• _TASK INSTRUCTIONS_
Find the line that contains "TP - tip-off time"; then retype it and each line after it, exactly, through the final line of the data below.

*** Opening EXTRACTED INFORMATION ***

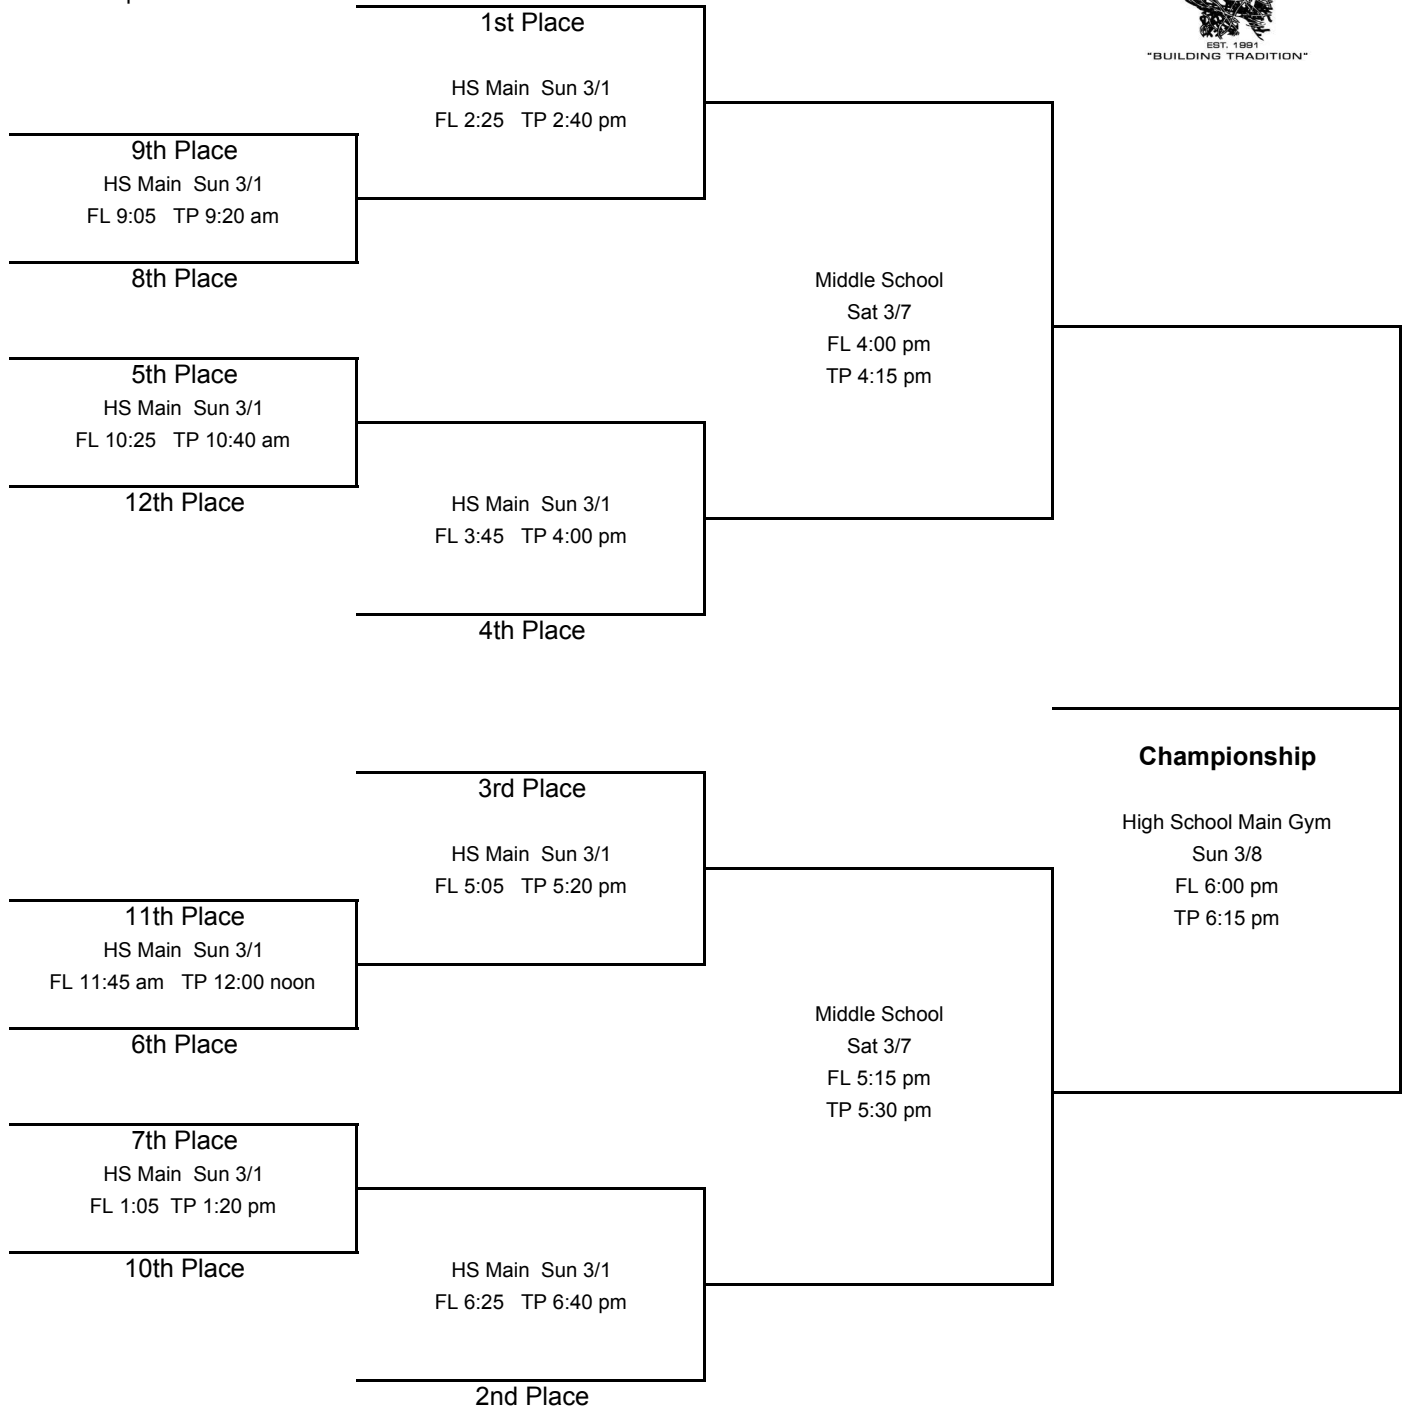

NYB Day of Champions Tournament 2008-2009 Boys 10/12 League

Key: FL - floor time
TP - tip-off time

Throughout the tournament the team with the better ranking (lower place number) will serve as the home team and shall wear white color jerseys.

As the court is viewed from the scoring table, the home team shall sit on the left half of the court and will warm-up and start the game shooting at the basket on the right half of the court.

Reminder: T-shirts worn under jerseys must match the color of the jersey: white with white and dark color with green.

*** Closing EXTRACTED INFORMATION ***

• _OUTPUT OF THE TASK_
TP - tip-off time

Throughout the tournament the team with the better ranking (lower place number) will serve as the home team and shall wear white color jerseys.

As the court is viewed from the scoring table, the home team shall sit on the left half of the court and will warm-up and start the game shooting at the basket on the right half of the court.

Reminder: T-shirts worn under jerseys must match the color of the jersey: white with white and dark color with green.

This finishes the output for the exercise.